If a shareholder is represented by proxy, a written, dated proxy for the representative must be issued. A proxy form is available on the company’s website, www.ambea.se. If the proxy is issued by a legal entity, a certificate of registration or equivalent certificate of authority should be enclosed. To facilitate the registration at the General Meeting, the proxy and the certificate of registration or equivalent certificate of authority should be sent to the company as set out above so that it is received no later than 11 May 2026.
Participation by advance voting
A shareholder who wishes to participate in the Annual General Meeting by advance voting must
(i)be recorded in the share register maintained by Euroclear Sweden AB relating to the circumstances on 4 May 2026, and
(ii)notify its intention to participate in the General Meeting no later than 6 May 2026, by casting its advance vote in accordance with the instructions below so that the advance vote is received by Computershare AB no later than on that day.
A shareholder who wishes to participate in the Annual General Meeting at the venue in person or represented by a proxy must give notice thereof in accordance with what is set out under Participation in the Annual General Meeting at the venue above. This means that a notification by advance vote is not sufficient for a person who wishes to participate at the venue.
A special form shall be used when advance voting. The advance voting form is available on the company’s website, www.ambea.se. A completed and signed form may be submitted by post to Computershare AB, “Ambeas årsstämma”, Box 149, SE-182 12 Danderyd, Sweden or via e-mail to proxy@computershare.se. Shareholders may also submit advance votes electronically through BankID verification in accordance with instructions on the company’s website, www.ambea.se/investerare. The completed form shall be received by Computershare AB not later than 6 May 2026. The shareholder may not provide special instructions or conditions in the voting form. If so, the vote (i.e. the advance vote in its entirety) is invalid. Further instructions and conditions are included in the form for advance voting.
If a shareholder votes by proxy, a written and dated proxy shall be enclosed to the advance voting form. Proxy forms are available on the company’s website, www.ambea.se. If the shareholder is a legal entity, a certificate of incorporation or an equivalent certificate of authority should be enclosed.
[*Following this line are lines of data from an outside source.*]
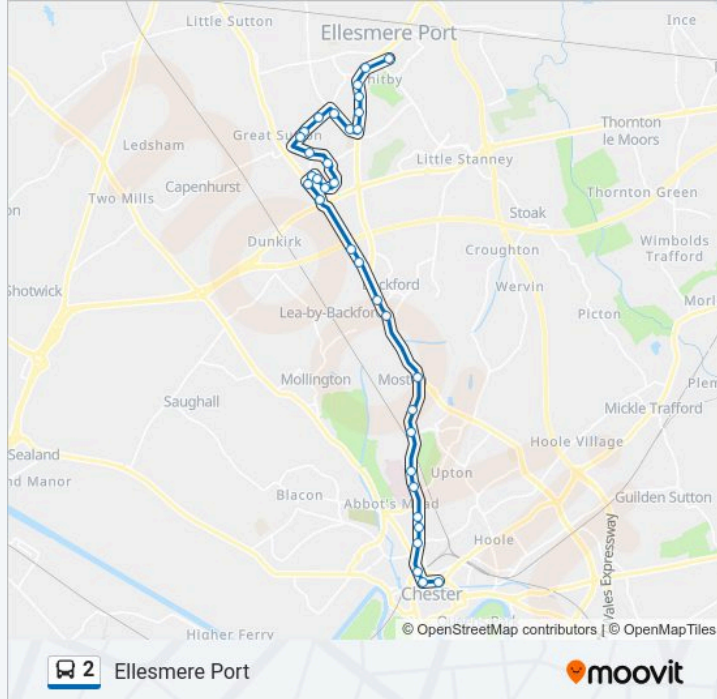

Bus Interchange

Bull & Stirrup (Stop V)

Northgate Church

Dawson Drive

Waterloo Road

Abbot's Drive

Countess Hospital

Beechway

2 bus Info

Direction: Ellesmere Port

Stops: 34

Trip Duration: 34 min

Line Summary:

Sycamore Drive

Willowdale Way

Halton Road

Hope Farm Shops

Hope Croft

Broadland Road

High School

Fairfield Avenue

Cottage Hospital

Windsor Drive

Morrisons

Vale Road

Ellesmere Port Bus Interchange Stand E (Stand E)

Direction: Palace Fields

78 stops

[VIEW LINE SCHEDULE](#)

Bus Interchange

Bull & Stirrup (Stop V)

Northgate Church

If a shareholder has voted in advance and then attends the Annual General Meeting in person or through a proxy, the advance vote is still valid except to the extent the shareholder participates in a voting procedure at the General Meeting or otherwise withdraws its casted advance vote. If the shareholder chooses to participate in a voting at the General Meeting, the vote cast will replace the advance vote with regard to the relevant item on the agenda.
Nominee-registered shares
To be entitled to participate in the Annual General Meeting, a shareholder whose shares are held in the name of a nominee must, in addition to providing notification of participation, register its shares in its own name so that the shareholder is recorded in the share register relating to the circumstances on 4 May 2026. Such registration may be temporary (so-called voting right registration) and is requested from the nominee in accordance with the nominee’s procedures and in such time in advance as the nominee determines. Voting right registrations completed by the nominee not later than 6 May 2026 will be taken into account when preparing the register of shareholders.
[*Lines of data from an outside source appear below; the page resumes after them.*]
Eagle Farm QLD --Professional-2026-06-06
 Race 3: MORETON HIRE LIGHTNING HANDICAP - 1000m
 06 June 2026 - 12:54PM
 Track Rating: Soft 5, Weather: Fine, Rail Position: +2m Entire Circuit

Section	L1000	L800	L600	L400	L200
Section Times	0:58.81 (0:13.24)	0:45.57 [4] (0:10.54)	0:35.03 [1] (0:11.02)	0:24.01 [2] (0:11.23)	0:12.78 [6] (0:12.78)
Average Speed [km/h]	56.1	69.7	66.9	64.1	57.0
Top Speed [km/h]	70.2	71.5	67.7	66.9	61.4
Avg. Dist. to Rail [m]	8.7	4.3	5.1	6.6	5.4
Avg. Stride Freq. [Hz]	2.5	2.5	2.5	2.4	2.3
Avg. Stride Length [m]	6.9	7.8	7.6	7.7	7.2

Number of shares and votes
As per the date of this notice there are a total of 84,101,290 shares outstanding in the company that entitle to one vote per share at the General Meeting. As of the date of this notice (i.e. 7 April 2026), the company holds 4,000,000 own shares, corresponding to 4,000,000 votes, which cannot be represented at the Annual General Meeting.
Proposed agenda
(a) the number of board members
(b)the number of auditors
(a) the fees to the board of directors
(b)the fees to the auditors
The nomination committee’s proposals:
(a)Hilde Britt Mellbye (re-election)
(b)Yrjö Närhinen (re-election)
(c)Dan Olsson (re-election)
(d)Gunilla Rudebjer (re-election)
(e)Roger Hagborg (re-election)
(f)Erik Malmberg (re-election)
The nomination committee’s proposal:
(a)Yrjö Närhinen (re-election)
(a)the reduction of the share capital by means of cancellation of own shares
(b)increase of the share capital through a bonus issue without issuance of new shares
(a)Resolution on incentive program consisting of warrants acquired by participants at market value (with subsidy)
(b)Resolution on incentive program consisting of warrants acquired by participants at market value (without subsidy)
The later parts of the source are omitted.